Here are the sizes and timings for the cores when mapped to a Xilinx UltraScale Kintex device (speed grade -3) with Vivado 2017.3. This evaluation also includes the Rocket “TinyConfig” core for size comparison:
Name | LUTs | Rel | Rel+G | Max Freq. |
---|---|---|---|---|
bextdep64g3 | 774 | 0.80 | 0.80 | 451 MHz |
bextdep64p3 | 675 | 0.70 | 0.90 | 462 MHz |
bextdep64g2 | 762 | 0.79 | 0.79 | 430 MHz |
bextdep64p2 | 678 | 0.70 | 0.91 | 406 MHz |
bextdep64g1 | 854 | 0.89 | 0.89 | 277 MHz |
bextdep64p1 | 733 | 0.76 | 0.96 | 285 MHz |
bextdep64sh | 553 | 0.57 | 0.78 | 351 MHz |
bextdep64sb | 437 | 0.45 | 0.66 | 543 MHz |
bextdep64sn | 314 | 0.33 | 0.53 | 668 MHz |
bextdep64sx | 309 | 0.32 | 0.52 | 421 MHz |
bextdep64go | 195 | 0.20 | 0.20 | 1189 MHz |
vscalealu64 | 964 | 1.00 | 1.00 | 713 MHz |
Name | LUTs | Rel | Rel+G | Max Freq. |
---|---|---|---|---|
bextdep32g3 | 322 | 0.75 | 0.75 | 521 MHz |
bextdep32p3 | 279 | 0.65 | 0.84 | 537 MHz |
bextdep32g2 | 318 | 0.74 | 0.74 | 497 MHz |
bextdep32p2 | 276 | 0.64 | 0.83 | 497 MHz |
bextdep32g1 | 370 | 0.86 | 0.86 | 350 MHz |
bextdep32p1 | 283 | 0.66 | 0.85 | 352 MHz |
bextdep32sb | 263 | 0.61 | 0.80 | 545 MHz |
bextdep32sn | 168 | 0.39 | 0.58 | 686 MHz |
bextdep32sx | 158 | 0.37 | 0.56 | 427 MHz |
bextdep32go | 83 | 0.19 | 0.19 | 1116 MHz |
vscalealu32 | 431 | 1.00 | 1.00 | 819 MHz |
tinyrocket | 4280 | 9.93 | ----- | 211 MHz |
All cores implement the same interface (XLEN=32 or XLEN=64):
input clock, reset; input din_valid; output din_ready; input [ 1:0] din_mode; input [XLEN-1:0] din_value; input [XLEN-1:0] din_mask; output dout_valid; input dout_ready; output [XLEN-1:0] dout_result;
The din*
signals are a valid/ready-style input stream. Data is transferred in to the core in cycles where valid and ready are high. The core will raise ready when it is ready to receive data without waiting for an external valid signal, and ready is guaranteed to stay high until a transfer happens (or the core is reset).
The dout*
signals are a valid/ready-style output stream. Data is transferred out of the core in cycles where valid and ready are high. The core will raise valid when it is ready to transmit data without waiting for an external ready signal, and valid is guaranteed to stay high until a transfer happens (or the core is reset).

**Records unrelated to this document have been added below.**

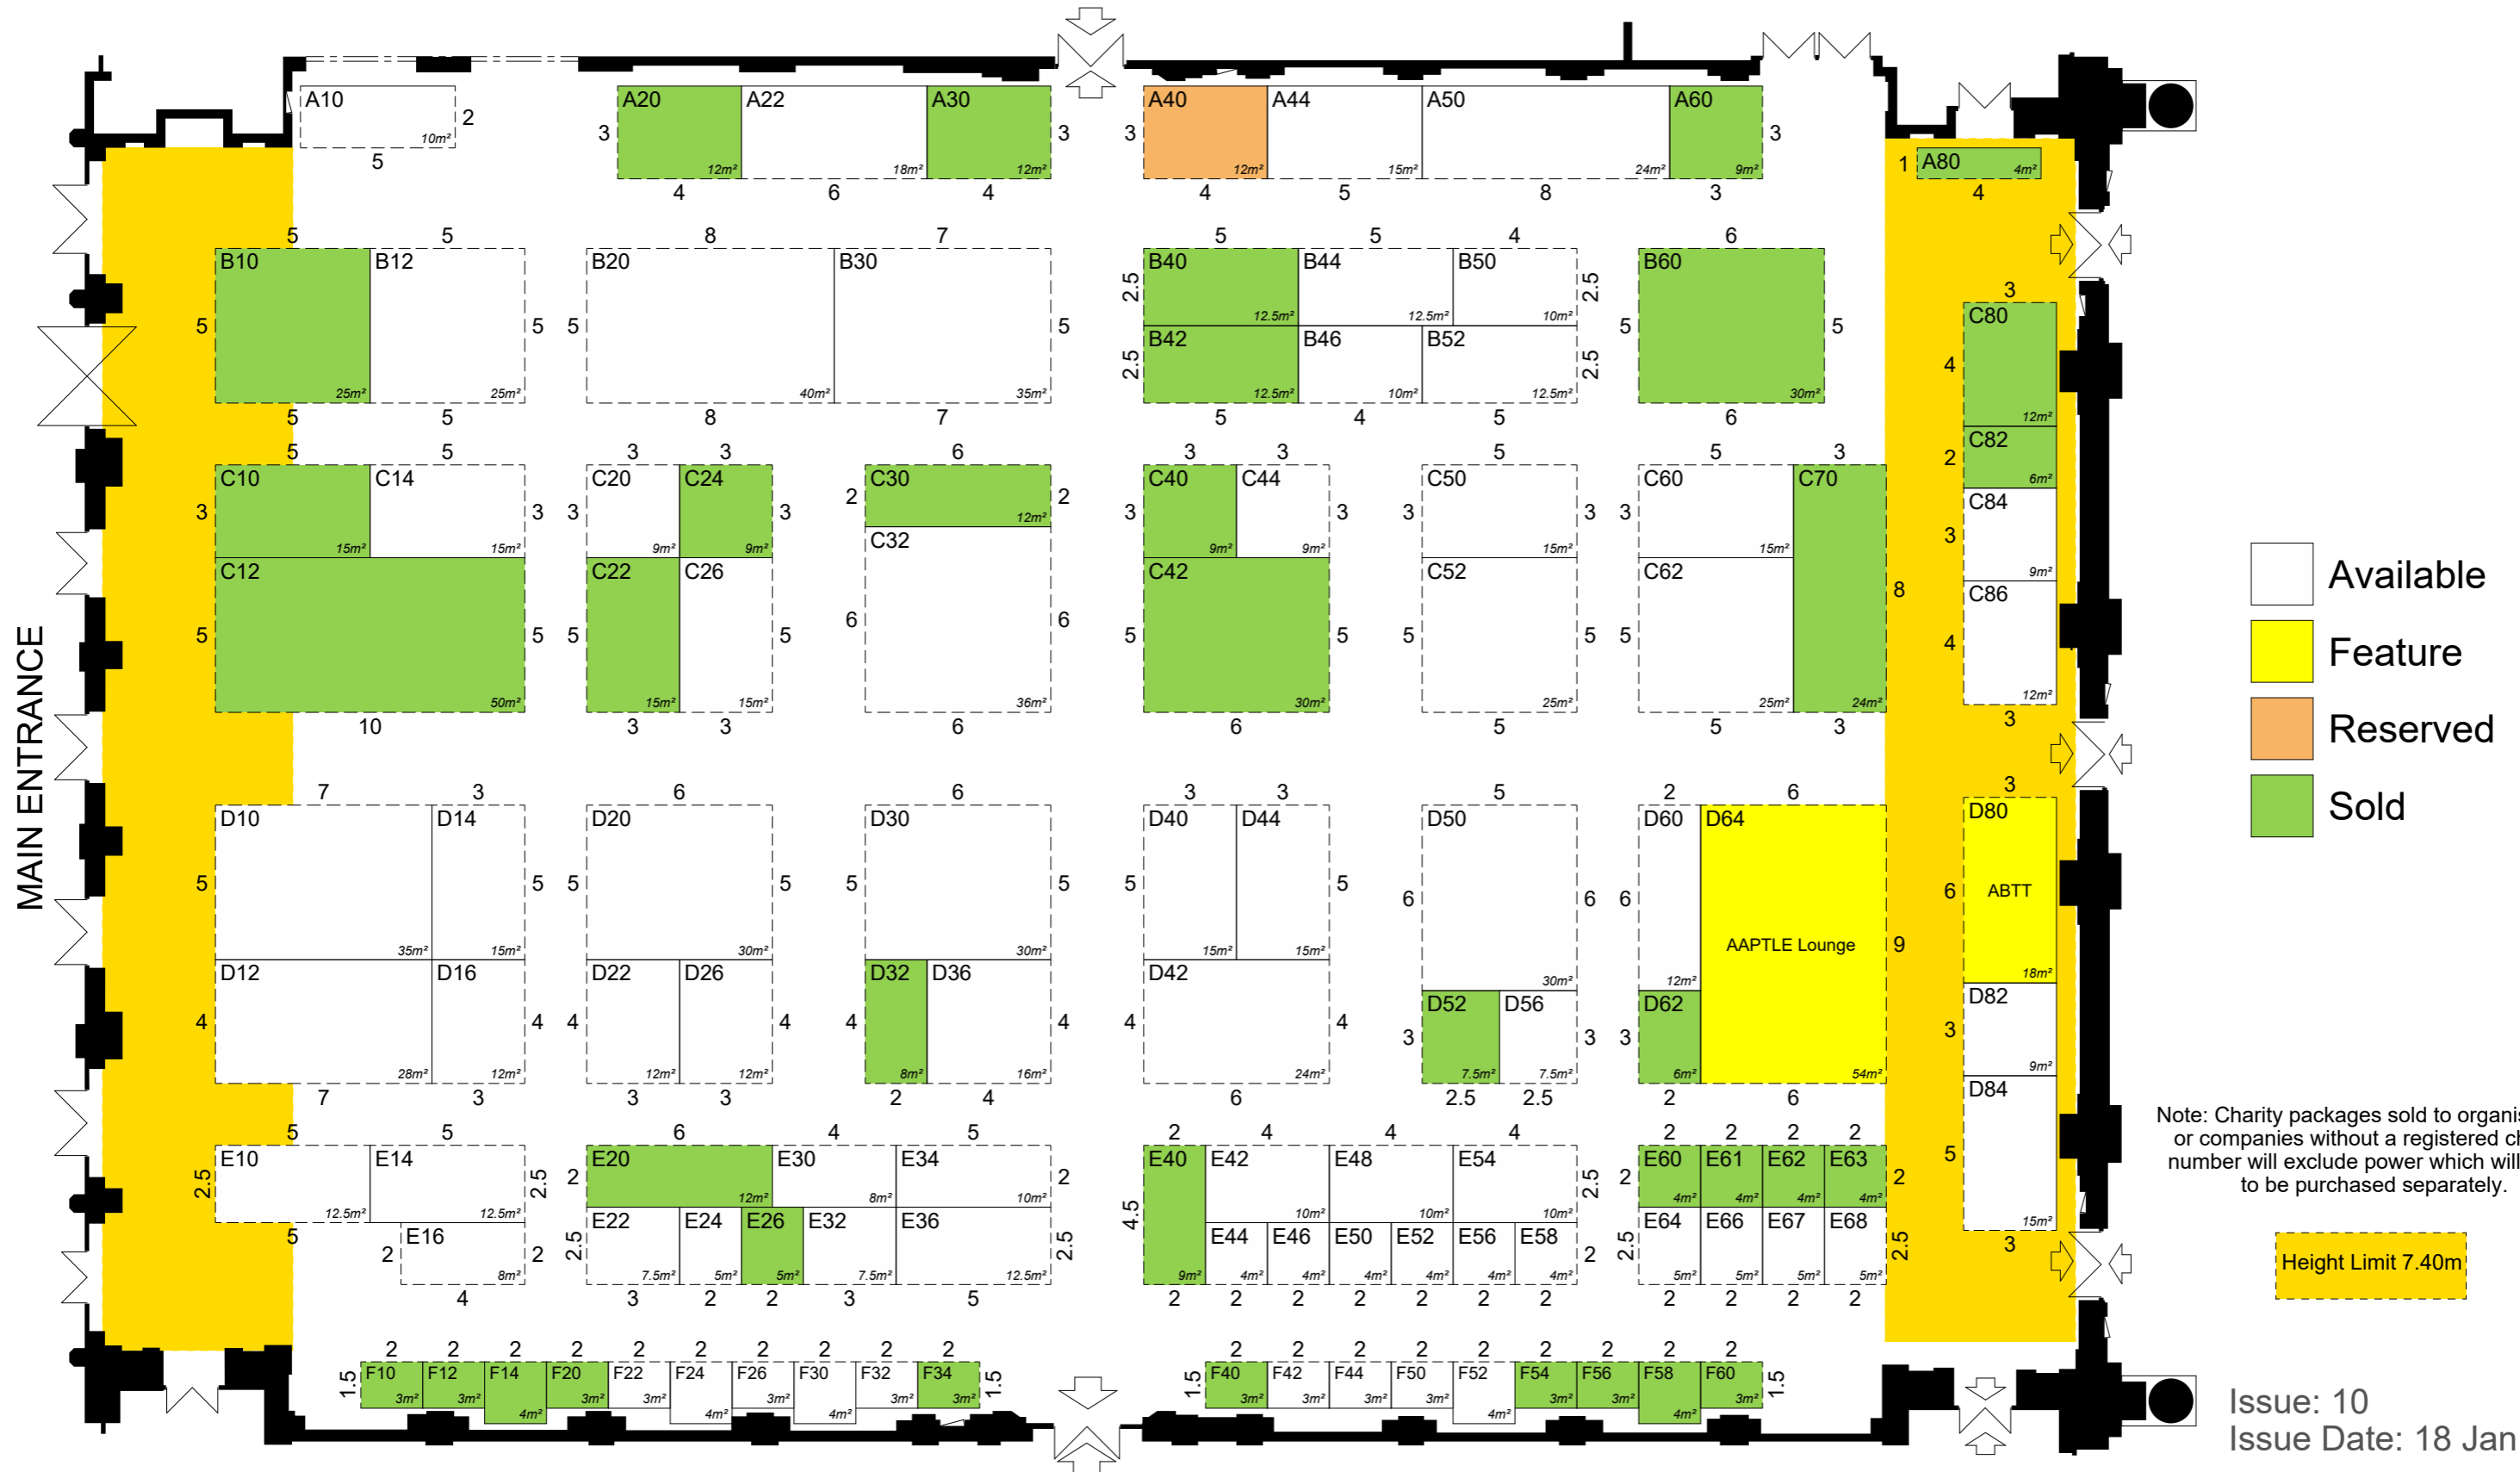

2022

THEATRE SHOW

Alexandra Palace, London
Wednesday 22nd and Thursday 23rd June 2022

2022 Price List

Space Only: £275 per sqm

Shell Scheme: £305 per sqm

Charity stand: £440

Package Stand: (1.5/2m x 2m): £570

Shell & Charity include:
500w 13A socket and 2 spot lights

Discounts:

ISG Gold - 10%

ISG Silver - 5%

First time exhibitors - 10%

Discounts do not apply to charity stands. Charity stand exhibitors must supply registered charity details. ISG discount is limited to a maximum of the membership subscription fee.

- Available
- Feature
- Reserved
- Sold

Height Limit 7.40m

Note: Charity packages sold to organisations or companies without a registered charity number will exclude power which will need to be purchased separately.

The assigned values for din_mode
are (GREV mode is only valid for cores with GREV support):
Mode | Description |
---|---|
2'b00 | BEXT |
2'b01 | BDEP |
2'b10 | GREV |
2'b11 | reserved |
All cores have FFs near the dout_result
output, but may borrow from the timing path of the incomming din_mode
, din_value
, and din_mask
signals.
Because the P in PEXT/PDEP stands for parallel and thus implies a certain implementation. That's just bad ISA naming. Imo an instruction name should describe what the instruction is doing, but leave it to the implementation to decide how to do it.